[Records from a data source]

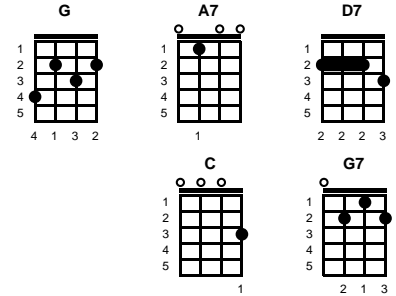

I'm A Fool To Care

Ted Daffan (1940)

Key of G

D7 **G** **C** **G**

v1:

TACET: I'm a fool to care
When you treat me this way
I know I love you, but what can I do
I'm a fool to care

v2:

TACET: I'm a fool to cry
When you tell me goodbye
You left me so blue, when you were untrue
I'm a fool to care

chorus:

Well I know I should leave
And call it a day
But I know I would cry
If you went away

v3:

TACET: I'm a fool to care
When you don't care for me
So why should I pretend
I'll lose in the end, I'm a fool to care -- **REPEAT FROM CHORUS**

ending:

I'm a fool to care

STANDARD
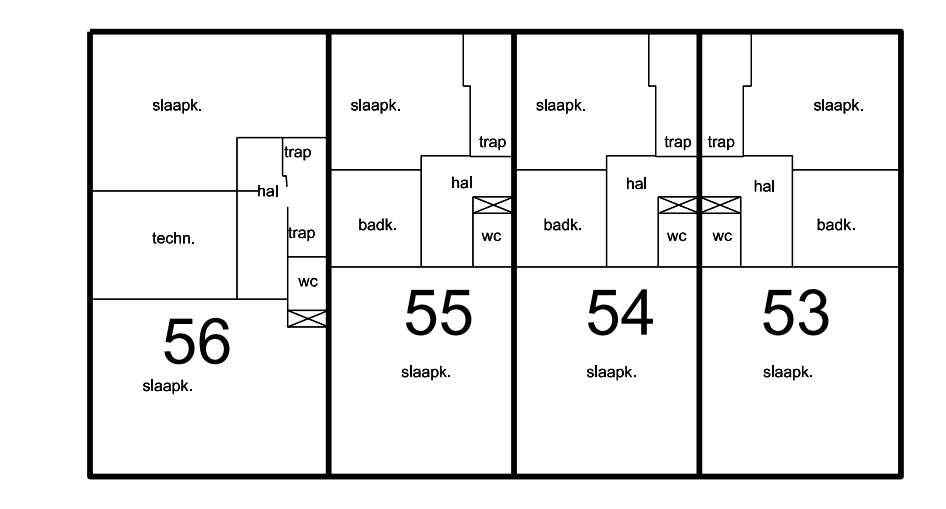

D.d. de Notaris

Situatie 1 : 500

1st verdieping 1 : 200

3rd verdieping 1 : 200

4th verdieping 1 : 200

Kelder 1 : 200

Begane grond 1 : 200

2nd verdieping 1 : 200

2nd verdieping 1 : 200
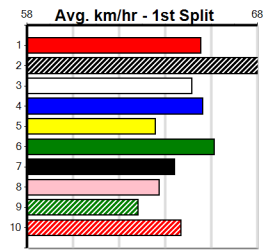

Watchdog Tips: 1 8 2 6 Bet: Quinella 1/8 (\$10 for 1000%)

Table with columns: Form Box, Wgt, Dist, Track, Date, Time, BON, Margin, 1st/2nd (Time), PIR, Checked, Comment, W/R, Split 1, S/P, Grade

DEEP FEVER [5] Explosive all the way win last start, one to beat. \$2.60
Owner(s): D Spence
Sire: HOSTILE Dam: QUICK SUCCESSION
Trainer: Allan Meyer (Hoppers Crossing)
Winning Distances: < 300m (0) 300 - 399m (1) 400 - 499m (6) 500 - 599m (8) 600 - 699m (0) > 700m (0)
Winning Weights: 30.4(1) 30.7(1) 31.1(2) 31.4(4) 31.5(1) 31.7(1) 31.8(1) 32.0(2) 32.1(1) 32.2(1)

Exercise objective = What is needed is each line from the records with the word "know" in it.

Task output =
I know I love you, but what can I do
Well I know I should leave
But I know I would cry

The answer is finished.